(Data items)
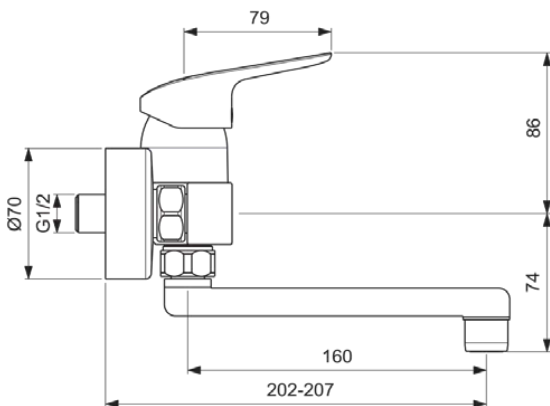

CERAFLEX

B1717AA

CERAFLEX | Wand-Waschtischarmatur 214x160 mm, 202 mm vertikaler Abstand bis Mitte Auslauf in chrom, 3.8 l/min (3 bar), ohne Ablaufgarnitur | Click-Technologie, EPD, FirmaFlow, SmartShine Oberfläche

Bild & Zeichnung

Allgemeine Informationen

Produktkategorie:	Waschtischarmaturen
Produktart:	Wand-Waschtischarmatur
Marke:	Ideal Standard
Kollektion:	CERAFLEX
Designer:	Artefakt
Colour:	AA - Chrom
Oberflächenveredelung:	glänzend
Höhe (mm):	160
Ausladung (mm):	214 - 219
Befestigungsart:	S-Anschluss
Nettogewicht (kg):	1.55
EAN Code:	3800861055921

Normen:	EN 248 DIN 4109-1 EN 200
Name des KIWA-Zertifikates:	K99067
Name des BGCC-Zertifikates:	14-NURVSPSRB-3136

Produktspezifikationen

Anzahl der Rosette(n):	2
Anzahl der Griffe:	1
BlueStart Technologie:	Nein
Farbcode:	AA
Farbbeschreibung:	chrom
Cool Body Technologie:	Nein
Absperrbare S-Anschlüsse:	Nein
DVGW-Eigensicher:	Nein
Easy-Fix Technologie:	Nein
FirmaFlow Kartusche:	Ja
Griff-Anwendung:	Volumen & Temperaturkontrolle
Griffposition:	Oben
IdealPure Technologie:	Nein
Mit Kettenöse:	Nein

■ THE PROBLEM ■
In the records above, how many lines hold the string "Nein"? Reply with only the number.

■ REPLY TO THE TASK ■
7